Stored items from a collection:

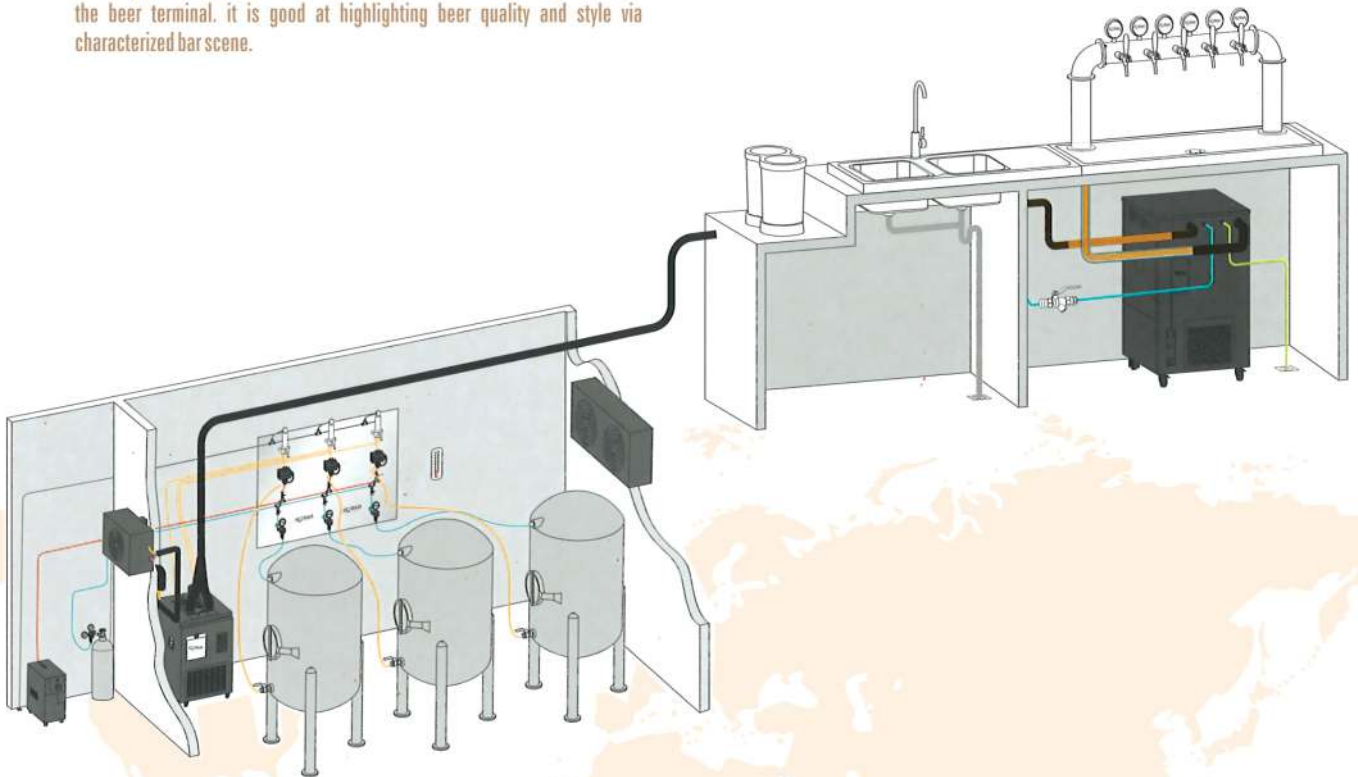

WE DO MODIFICATIONS AND ADDITIONS TO HOME DRAFT BEER SYSTEMS AND KEGERATORS

ICE FORESTED SYSTEM

Ice forested System | Silver Snow Prideful Quality

The ice frosted system would be the skin making people could not help touching. Ice frosted system definitely not only have the beautiful appearance look. Its more important function is to form refined and durable ice layer on the surface of the beer tower via powerful circulating water cooling to reduce the beer temperature for the second time, thus to assist to stabilize beer Temperature and guarantee high efficient beer outlet.

WE DO INSTALLATIONS AND CONVERSIONS OF HOUSEHOLD REFRIGERATORS TO DRAFT BEER SERVICE

KEG BEER WALL OUTLET SOLUTION

Cold Room | Keg Beer Wall Outlet Solution

It satisfies the short-distance beer transport demand when the beer depot is separated from the business site. It penetrates the beer depot wall and pours beer directly. Therefore, it is also called the wall-outlet beer pouring system.

WE HELP TO BUILD & MANGE YOUR DRAFT BEER SYSTEMS

BAR SYSTEM

Bar System

The bar system is the most professional dispensing system except the top level cold storage system. It can be flexibly configured according to the product types in business and the space size under the bar. It realizes surface and concealed installation, and disassembly of beer keg, beer cooler and components. And it makes the maintenance more convenient. Since it allows to be optionally assembled with multiple types of beer towers, it is always the first sight of bar.
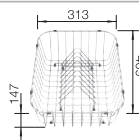

○ Pre-drilled holes for tapping or drilling
Bowl depth 190 mm

Suggested optional accessories

Multifunctional colander

227689

Multifunctional wire basket

223297

Crockery basket with plate stack

507829
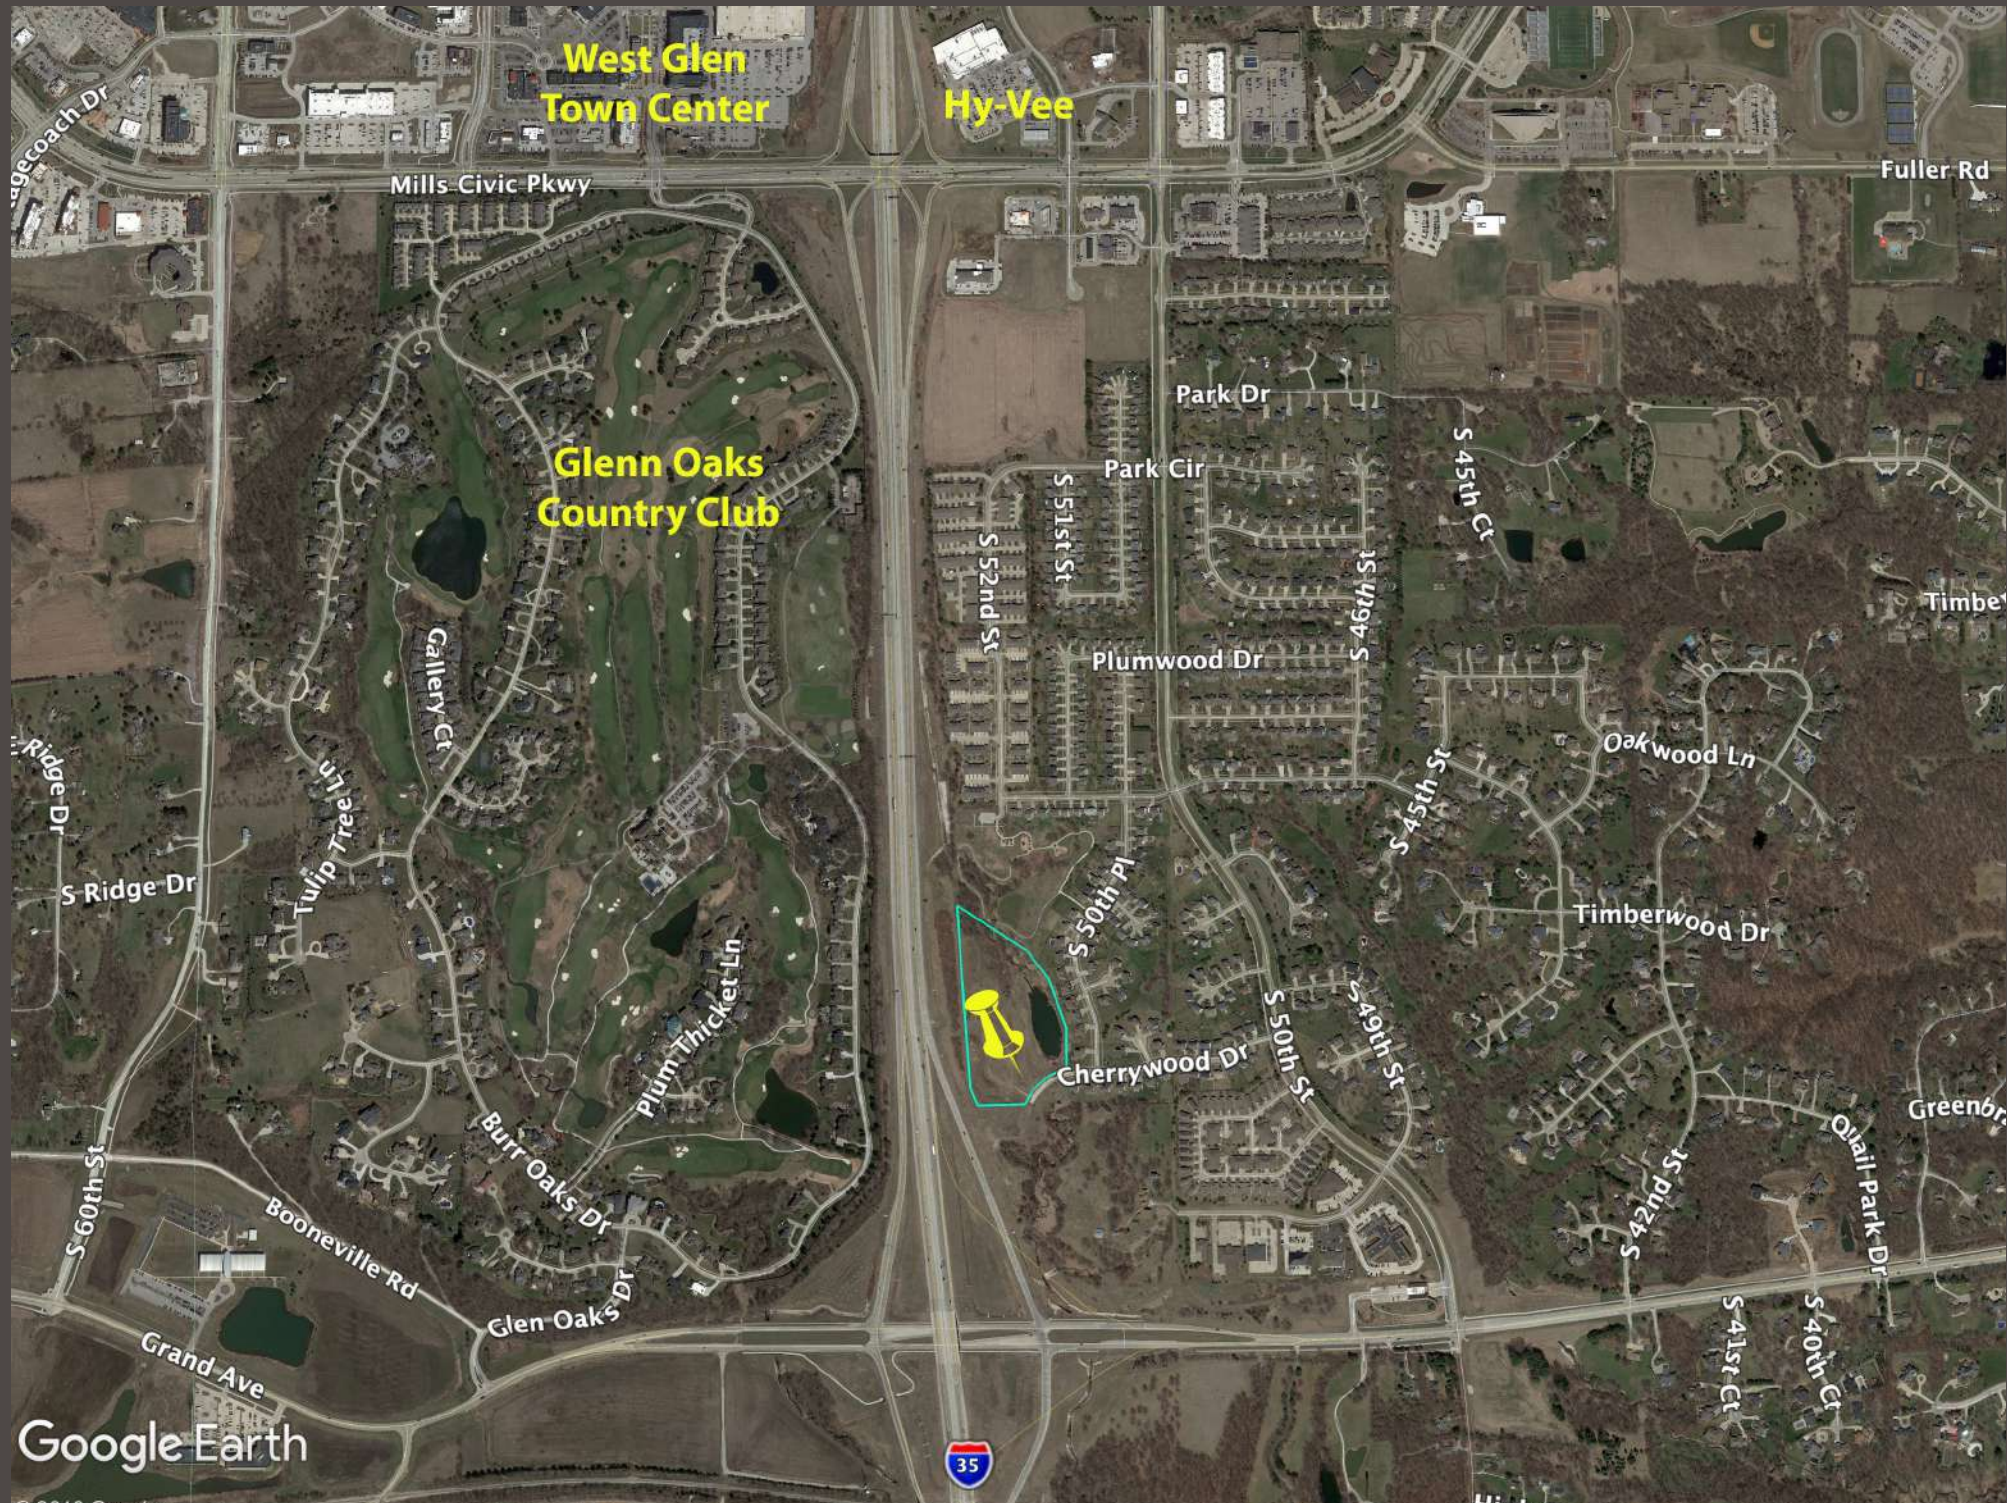

West Glen
Town Center

Hy-Vee

Glenn Oaks
Country Club

Google Earth

© 2018 Google

High 35

> Exercise goal
Copy exactly what appears in the entries, beginning with the first line and ending with the line that has "Ice forested System |", but not the pictures.

> Result of the task
WE DO MODIFICATIONS AND ADDITIONS TO HOME DRAFT BEER SYSTEMS AND KEGERATORS

ICE FORESTED SYSTEM

Ice forested System | Silver Snow Prideful Quality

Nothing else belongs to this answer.